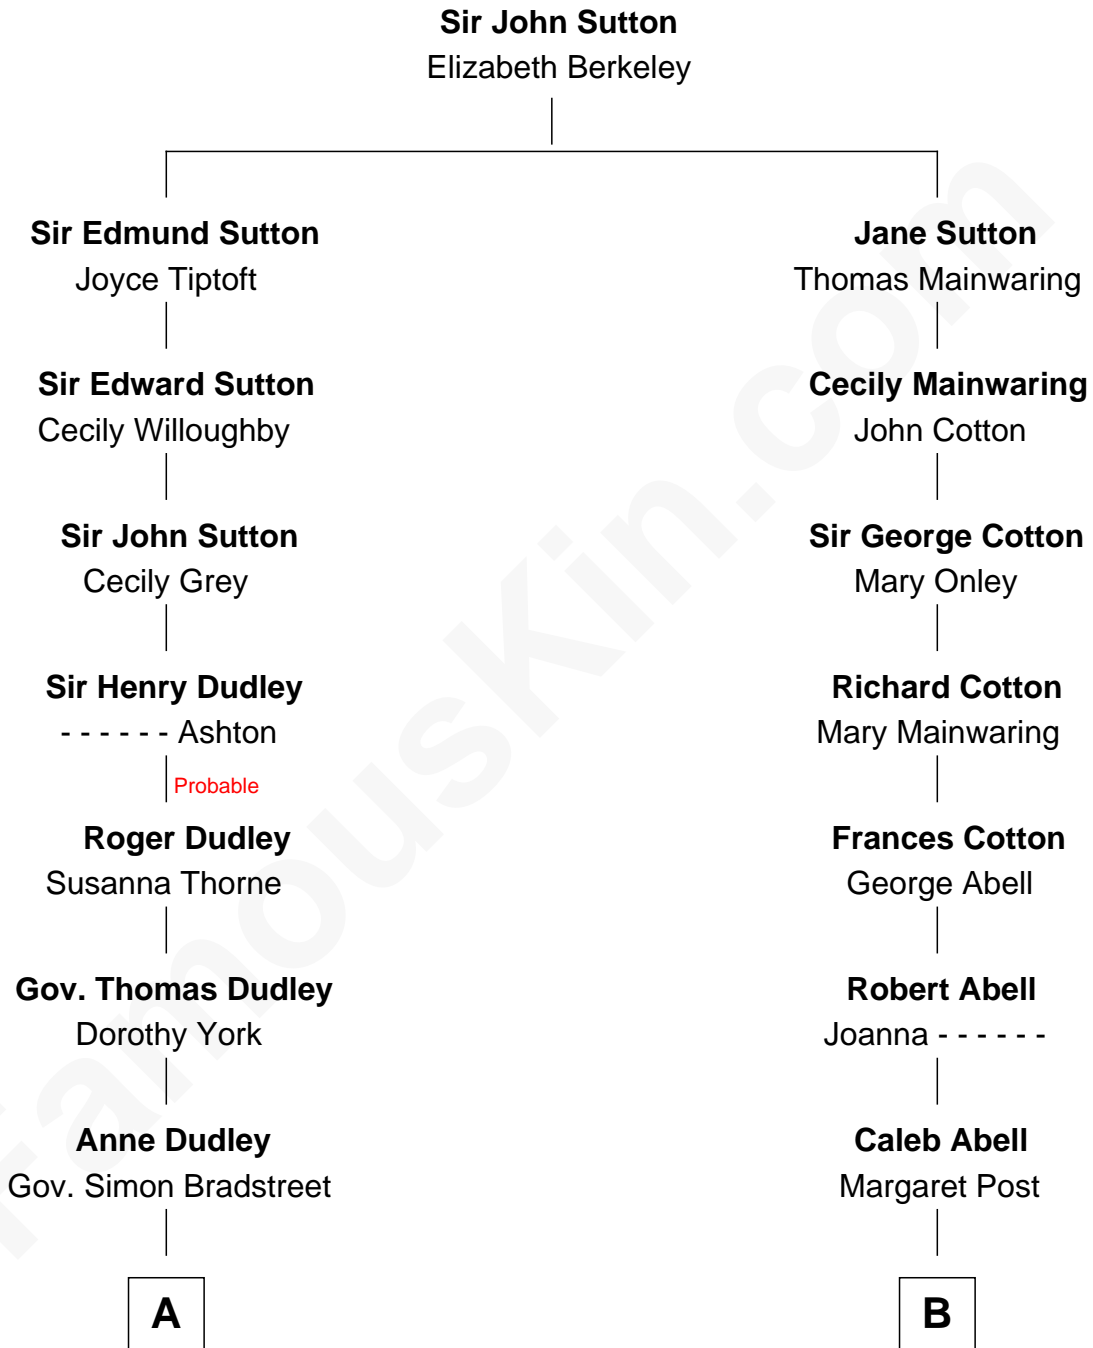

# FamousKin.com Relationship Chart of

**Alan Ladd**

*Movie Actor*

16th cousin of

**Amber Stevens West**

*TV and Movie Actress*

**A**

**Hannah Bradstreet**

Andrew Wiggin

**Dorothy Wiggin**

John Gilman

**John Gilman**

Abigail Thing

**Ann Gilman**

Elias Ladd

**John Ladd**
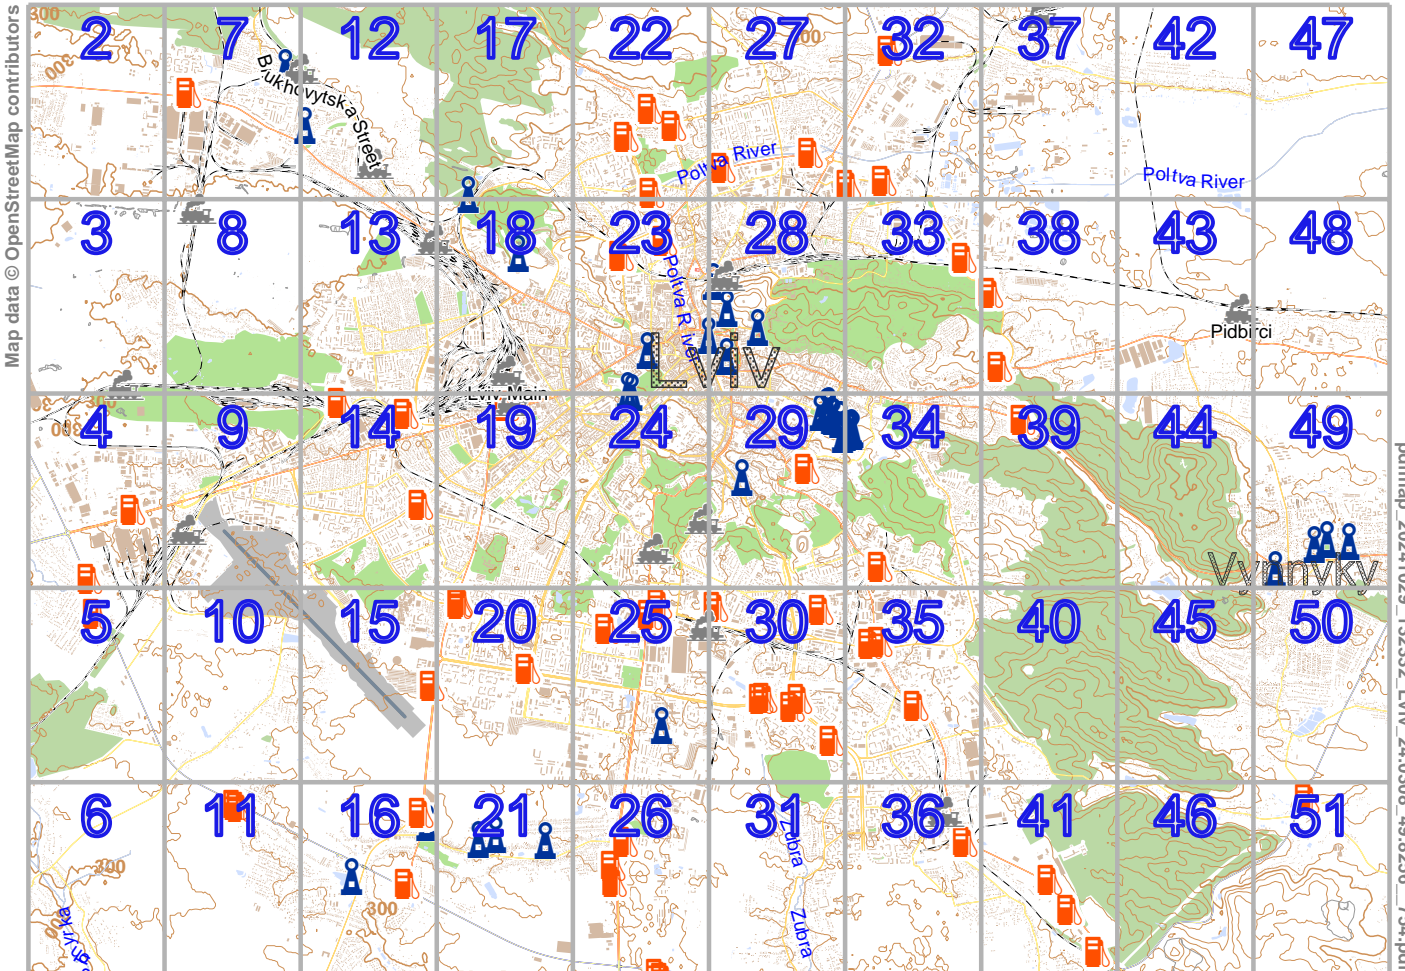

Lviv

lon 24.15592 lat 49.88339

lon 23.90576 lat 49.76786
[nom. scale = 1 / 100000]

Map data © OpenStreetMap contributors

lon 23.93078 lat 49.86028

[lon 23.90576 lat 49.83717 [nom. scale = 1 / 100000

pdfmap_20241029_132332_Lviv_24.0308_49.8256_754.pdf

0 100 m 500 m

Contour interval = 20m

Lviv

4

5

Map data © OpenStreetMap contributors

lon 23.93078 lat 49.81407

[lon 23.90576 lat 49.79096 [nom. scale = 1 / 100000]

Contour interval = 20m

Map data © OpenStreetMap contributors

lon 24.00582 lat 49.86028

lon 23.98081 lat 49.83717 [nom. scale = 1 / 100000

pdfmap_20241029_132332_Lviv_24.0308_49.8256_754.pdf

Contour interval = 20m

===

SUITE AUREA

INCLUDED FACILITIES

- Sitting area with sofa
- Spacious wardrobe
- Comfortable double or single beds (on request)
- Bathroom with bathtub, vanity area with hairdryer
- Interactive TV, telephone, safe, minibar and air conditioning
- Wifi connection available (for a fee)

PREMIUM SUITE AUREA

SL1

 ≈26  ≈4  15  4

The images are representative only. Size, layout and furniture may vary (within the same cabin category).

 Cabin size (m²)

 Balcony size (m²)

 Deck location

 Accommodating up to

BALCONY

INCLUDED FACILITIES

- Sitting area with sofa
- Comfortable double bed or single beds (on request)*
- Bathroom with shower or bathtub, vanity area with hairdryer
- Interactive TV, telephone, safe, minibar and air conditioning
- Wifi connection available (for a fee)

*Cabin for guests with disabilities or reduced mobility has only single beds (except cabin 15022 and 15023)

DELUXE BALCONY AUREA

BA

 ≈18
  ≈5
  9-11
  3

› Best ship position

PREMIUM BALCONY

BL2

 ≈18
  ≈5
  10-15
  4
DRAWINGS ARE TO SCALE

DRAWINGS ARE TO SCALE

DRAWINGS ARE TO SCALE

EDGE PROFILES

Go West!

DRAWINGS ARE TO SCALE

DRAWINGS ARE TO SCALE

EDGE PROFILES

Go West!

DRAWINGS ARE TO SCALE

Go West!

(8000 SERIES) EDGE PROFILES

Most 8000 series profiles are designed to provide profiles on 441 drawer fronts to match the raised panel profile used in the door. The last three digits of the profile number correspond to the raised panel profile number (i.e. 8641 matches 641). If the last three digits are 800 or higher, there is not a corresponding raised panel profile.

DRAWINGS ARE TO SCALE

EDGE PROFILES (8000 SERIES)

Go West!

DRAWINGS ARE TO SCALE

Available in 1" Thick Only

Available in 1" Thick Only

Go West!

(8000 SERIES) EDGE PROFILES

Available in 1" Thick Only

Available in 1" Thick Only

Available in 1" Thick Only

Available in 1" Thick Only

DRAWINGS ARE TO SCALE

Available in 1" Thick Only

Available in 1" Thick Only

===

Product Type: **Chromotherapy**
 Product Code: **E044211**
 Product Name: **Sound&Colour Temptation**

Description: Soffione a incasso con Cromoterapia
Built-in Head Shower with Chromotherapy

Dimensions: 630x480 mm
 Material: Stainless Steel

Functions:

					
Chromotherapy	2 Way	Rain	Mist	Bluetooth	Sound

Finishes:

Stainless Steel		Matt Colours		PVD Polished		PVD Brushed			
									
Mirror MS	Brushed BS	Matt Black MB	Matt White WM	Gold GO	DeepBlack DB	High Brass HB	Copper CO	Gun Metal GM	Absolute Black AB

===

[DIRECTIONS FOR THIS TASK]:
Look above for lines with the word "vanity" and copy them all.

[SOLUTION FOR THIS EXERCISE]:
- Bathroom with bathtub, vanity area with hairdryer
- Bathroom with shower or bathtub, vanity area with hairdryer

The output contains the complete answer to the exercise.